(Stored data entries)
* * * * * * * * *
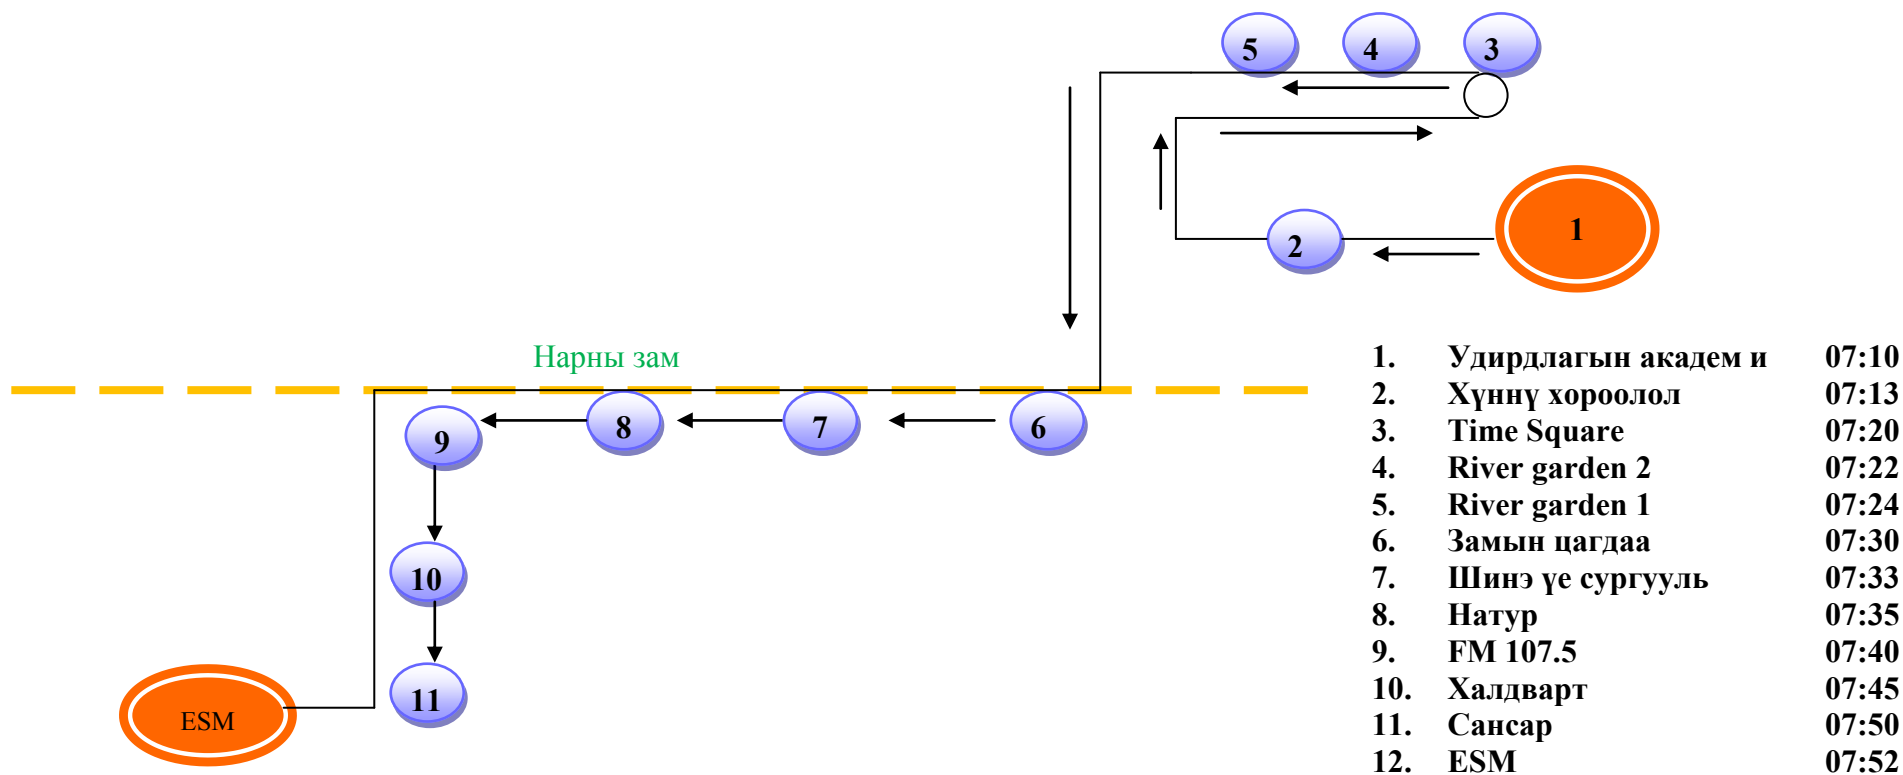

А:3# Удирдлагын академи— ESM
Жолооч: Бөөнбаяр

УТАС: 88737255

Жич: Замын хөдөлгөөнд оролцож байгаа үед утсаар ярих боломжгүй.

Тайлбар

Маршрутын хугацаа: 55 мин
Зогсох буудлын тоо: 14
Автобусны дугаар: 3

- Эцсийн зогсоол
- Зогсох буудал
- Чиглэлийн шугам
- Гудамжны нэр
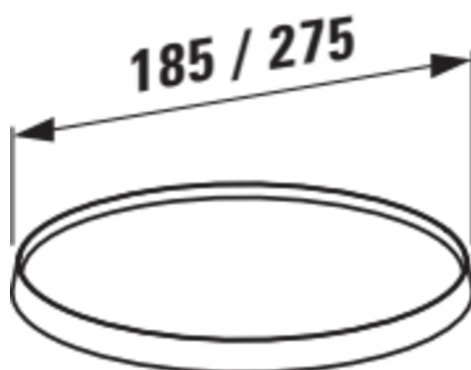

KARTELL LAUFEN

Receveur Disc Ø 185 mm

DESCRIPTION TECHNIQUE

- 3.9833.5.081.001.1 - Disc Receveur, pour robinets et accessoires avec Ø 183 mm, Ambre,
- 3.9833.5.081.002.1 - Disc Receveur, pour mitigeur de bain sur colonne avec Ø 275 mm, Ambre,
- 3.9833.5.082.001.1 - Disc Receveur, pour robinets et accessoires avec Ø 183 mm, Orange tangerine,
- 3.9833.5.082.002.1 - Disc Receveur, pour mitigeur de bain sur colonne avec Ø 275 mm, Orange tangerine,
- 3.9833.5.084.001.1 - Disc Receveur, pour robinets et accessoires avec Ø 183 mm, Transparent cristal,
- 3.9833.5.084.002.1 - Disc Receveur, pour mitigeur de bain sur colonne avec Ø 275 mm, Transparent cristal,
- 3.9833.5.085.001.1 - Disc Receveur, pour robinets et accessoires avec Ø 183 mm, Fumé,
- 3.9833.5.085.002.1 - Disc Receveur, pour mitigeur de bain sur colonne avec Ø 275 mm, Fumé

Commodity Code/Import Code Number for Poids net / kg : 0,15
Foreign Trad : 39259010

DESSINS TECHNIQUES

COMPATIBLE AVEC

Mitigeur de lavabo, saillie 110 mm, goulot fixe, sans vidage, avec disc receveur transparent cristal (receveur disponible en 7 couleurs complémentaires), chromé

Mitigeur de lavabo, saillie 110 mm, goulot fixe, avec vidage, avec disc receveur transparent cristal (receveur disponible en 7 couleurs complémentaires), chromé

Mitigeur de lavabo, saillie 110 mm, goulot fixe, avec commande de vidage, sans vidage, avec disc receveur transparent cristal (receveur disponible en 7 couleurs complémentaires), chromé

Mitigeur de bidet, saillie 125 mm, goulot fixe, avec vidage, avec disc receveur transparent cristal (receveur disponible en 7 couleurs complémentaires), chromé

Mitigeur de bain sur colonne, saillie 202 mm, goulot fixe, avec flexible synthétique 1250 mm, avec douchette TwinStick, avec disc receveur transparent cristal (receveur disponible en 7 couleurs)
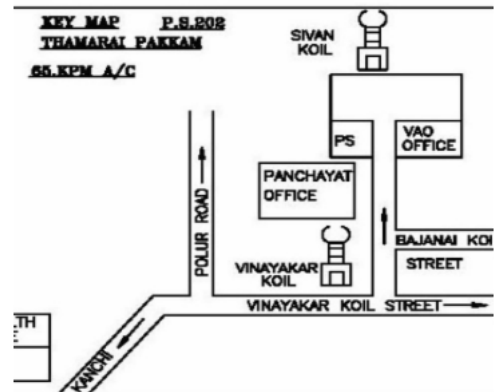

Cad View

Key MAP View
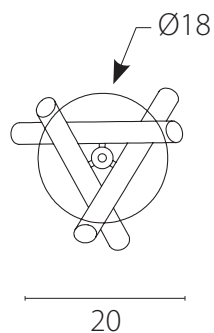

art. L033

L 45 x H 175 cm

LAMPADA VISTA DALL'ALTO / top view lamp

LAMPADA VISTA FRONTALE / front view lamp

art. L030

L 20 x H MAX. 145 cm

LAMPADA VISTA DALL'ALTO / top view lamp

LAMPADA VISTA FRONTALE / front view lamp

art. L031

L 30 x H MAX. 175 cm

LAMPADA VISTA DALL'ALTO / top view lamp

LAMPADA VISTA FRONTALE / front view lamp

art. L032

L 60 x H MAX. 150 cm

LAMPADA VISTA DALL'ALTO / top view lamp

LAMPADA VISTA FRONTALE / front view lamp

art. L142

L 90 x H MAX. 180 cm

LAMPADA VISTA DALL'ALTO / top view lamp

LAMPADA VISTA FRONTALE / front view lamp

art. L034

L 20 x H 30 cm

LAMPADA VISTA DALL'ALTO / top view lamp

LAMPADA VISTA FRONTALE / front view lamp

art. L035

L 30 x H 55 cm

LAMPADA VISTA DALL'ALTO / top view lamp

LAMPADA VISTA FRONTALE / front view lamp
* * * * * * * * *
● DIRECTIONS FOR THIS TASK
The expected response consists solely of the lines from the one with "L 45 x H 175 cm" through the end of the records, repeated exactly.

● SOLUTION TO THE PROBLEM
L 45 x H 175 cm

LAMPADA VISTA DALL'ALTO / top view lamp

LAMPADA VISTA FRONTALE / front view lamp

art. L030

L 20 x H MAX. 145 cm

LAMPADA VISTA DALL'ALTO / top view lamp

LAMPADA VISTA FRONTALE / front view lamp

art. L031

L 30 x H MAX. 175 cm

LAMPADA VISTA DALL'ALTO / top view lamp

LAMPADA VISTA FRONTALE / front view lamp

art. L032

L 60 x H MAX. 150 cm

LAMPADA VISTA DALL'ALTO / top view lamp

LAMPADA VISTA FRONTALE / front view lamp

art. L142

L 90 x H MAX. 180 cm

LAMPADA VISTA DALL'ALTO / top view lamp

LAMPADA VISTA FRONTALE / front view lamp

art. L034

L 20 x H 30 cm

LAMPADA VISTA DALL'ALTO / top view lamp

LAMPADA VISTA FRONTALE / front view lamp

art. L035

L 30 x H 55 cm

LAMPADA VISTA DALL'ALTO / top view lamp

LAMPADA VISTA FRONTALE / front view lamp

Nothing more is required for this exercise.